On Tuesday, Sanofi (NASDAQ:SNY) and Denali Therapeutics (NASDAQ:DNLI) announced they were halting clinical trials for one of Denali's drugs, DNL747. While the drug candidate proved to be safe at the dosage tested in the phase 1 trial, the results suggested that the molecule might not help people with Alzheimer's or ALS (Lou Gehrig's disease) unless the dosage was increased.
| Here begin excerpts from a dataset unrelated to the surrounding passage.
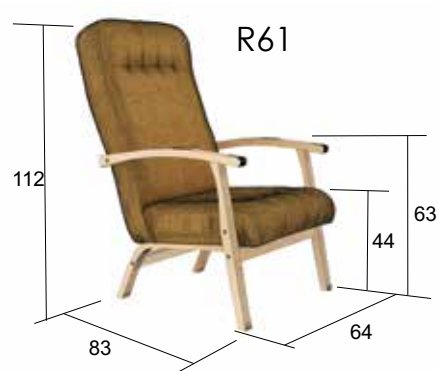

novinky

Provedení
KOSTRY
MASIV BUK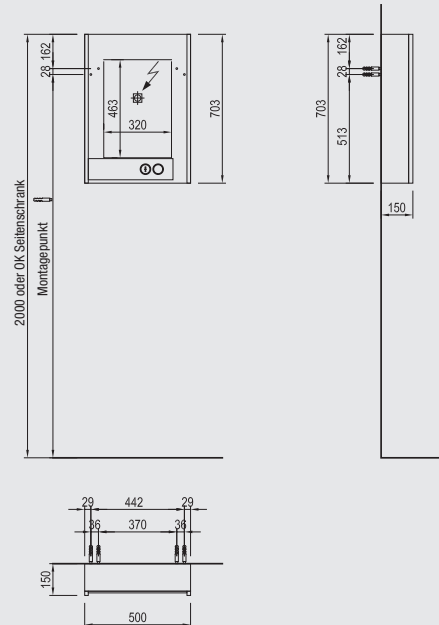

500x703x150 mm

Türanschlag links
Art.-Nr. 30 953 03 xxx 401

Türanschlag rechts
Art.-Nr. 30 953 04 xxx 401

mit LED-Innenleuchte warmweiss

Türanschlag links
Art.-Nr. 30 953 03 xxx 421

Türanschlag rechts
Art.-Nr. 30 953 04 xxx 421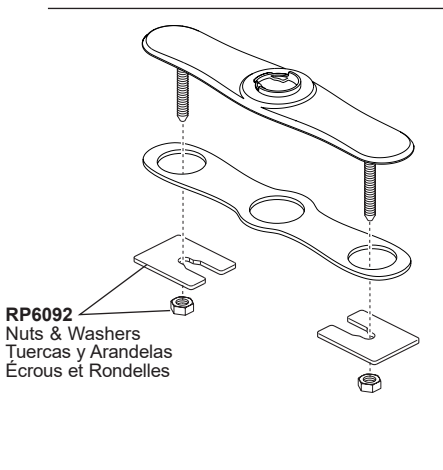

Models/Modelos/Modèles

63058LF ▲ & 63958LF ▲

▲Specify Finish/Especifíque el Acabado/Précisez le Fini

Accessory Order Only / Solo para ordenar accesorios / Accessoire livrable séparément

RP83779
Pump
Bomba
Pompe

RP101658▲
Dispenser Assembly
(Accessory order only)
Ensamble del Dispensador
(Orden de accesorio solamente)
Distributeur
(livrable séparément seulement)

RP30395
Vented Funnel
(Accessory Order Only)
Embudo
(Orden de accesorio solamente)
Entonnoir
(Livvable séparément seulement)

RP6092
Nuts & Washers
Tuercas y Arandelas
Écrous et Rondelles

RP101659▲
Optional 10" Escutcheon with 8" Centers,
Mounting Screws and gasket (not included)
Chapa opcional de 10" de 8" centros, Tornillos
para la Instalación y Empaque
(no incluido)
Plaque de finition facultative de 10 po pour 8
po centres, vis de montage, écrous, rondelles
et joint (non inclus)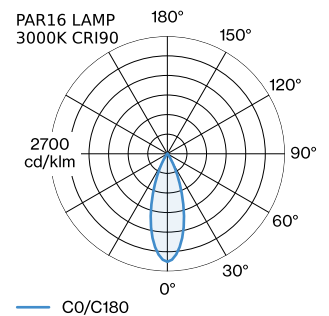

ALGEMEEN

Plafond
 Pendel
 Goud
 IP20
 Interieur
 CIE flux code: 94 98 100 100 100

GEMETEN LAMPEN

PAR16 LAMP 2700K CRI90
 460 lm
 6.5 W

PAR16 LAMP 3000K CRI90
 480 lm
 6.5 W

LED

lamp PAR16
 stopcontact GU10
 max. per socket 12.0 W
 CRI ≥ 90

ELEKTRISCH

100 - 240 V
 Klasse 1

FYSISCH

diameter 55 mm
 hoogte 116 mm
 0.95 kg

LICHTVERDELING

MONTAGEACCESSOIRES
Kabelwand-plafondbeugel

Kleur	Ø-H (MM)	Artikel nummer
Wit	16-30	90019197
Zwart	16-30	90019198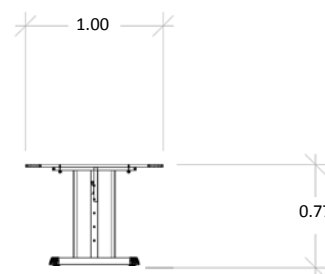

Mesa de Juntas para 6 Personas

Marca: Línea Italia

Modelo: 118

Características

- -Mesa de Juntas Operativa para 6 Personas.
- -Cubierta de melamina de 19mm de espesor.
- -Estructura tubular de acero calibre 20.
- -Regatones niveladores.
- -No incluye pasacables ni canaleta para voz y datos.
- -Medidas: 1.50 x 1.00 x 0.75 mts.

SKU: 8016

Consulta el precio actual de este producto ingresando el SKU en el buscador de nuestro sitio en internet www.ofitek.com

Especificaciones

- Cubiertas en tablero de partículas de madera estándar de 19mm terminadas con cubre cantos de PVC 1mm. semirrígido de alta presión.
- Base de estructura tubular de acero de 2" x 1" calibre 20 terminada en pintura epóxica texturizada con aplicación power coating.
- Sistema de ensamble sin requerimiento de herramientas, basado en un dispositivo de unión auto sujetable, que permite un ensamble fácil y resistente que cumple con las pruebas (EEM) para armado y desarmado sin perder estabilidad.
- Regatón nivelador 100% polipropileno para ajustar la altura del mueble.
- Colores disponibles para cubiertas, consulte con su ejecutivo.
- La información contenida en esta ficha puede variar por el fabricante sin previo aviso.
- RAS

Dimensiones

CORTE

PLANTA

Nollmann Design,
S.A. de C.V.

www.ofitek.com
ventas@ofitek.com

Horario de Atención
De Lunes a Viernes
de 8:30 a 18:30 hrs.
(55) 5254-48-16
01-800-800-6601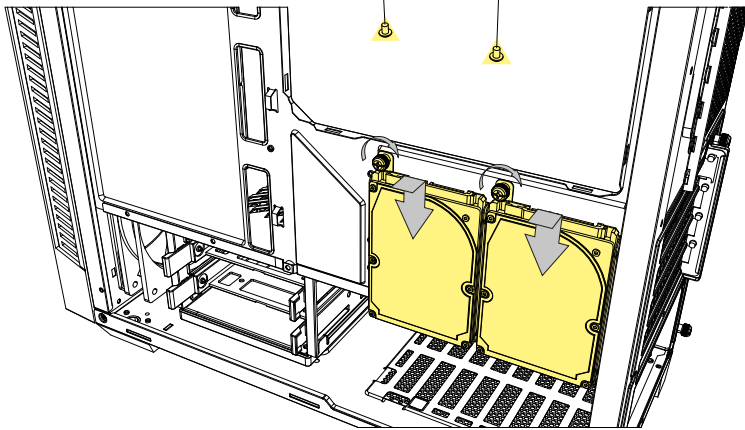

2.5" HDD/SSD Installation

Einbau 2,5"-HDD/SSD
2,5" HDD/SSD Installation
2,5" Installazione disco fisso/unità SSD
2,5" HDD/SSD de instalación
2,5" Instalação HDD/SDD
Installatie 2,5" HDD/SSD

Instalacja dysku 2.5" SSD/HDD
2.5" HDD/SSD beszerelhetőség
Instalace 2.5" HDD/SSD
Instalácia 2.5" HDD/SSD
2.5" 硬碟/SSD 安裝
2.5" HDD/SSD の取付け

And such an increase might cause safety issues in humans.
Instead, the two companies are going forward with the "back-up compound," DNL788, as that molecule had superior results in animal testing. "[W]e have decided to pause clinical studies with DNL747 and focus our efforts on accelerating development of DNL788, which we believe has superior drug properties and a more rapid path toward proof-of-concept clinical studies in patients in multiple neurological indications," said Denali CEO Ryan Watts.
Back in 2018, Sanofi and Denali inked a collaboration deal; the European pharmaceutical giant paid $125 million to Denali for partial rights in a pair of RIPK1 inhibitors, DNL747 and DNL758. These two molecules inhibit the receptor-interacting protein kinase-1, which is thought to play a role in many diseases, including Alzheimer's, ALS, and multiple sclerosis. (DNL758 is being tested in peripheral inflammatory disease and rheumatoid arthritis).
While the halting of the DNL747 lead molecule is disappointing, the market's reaction so far has been rather muted. In early trading on Wednesday, Denali's stock is up slightly. Presumably, this is because the two companies still have a strong candidate molecule, DNL788, and their collaboration remains intact.
Indeed, sometimes substitutes are amazing. Maybe one day we'll refer to DNL788 as "Lou Gehrig" and the halted candidate DNL747 will be "Wally Pipp."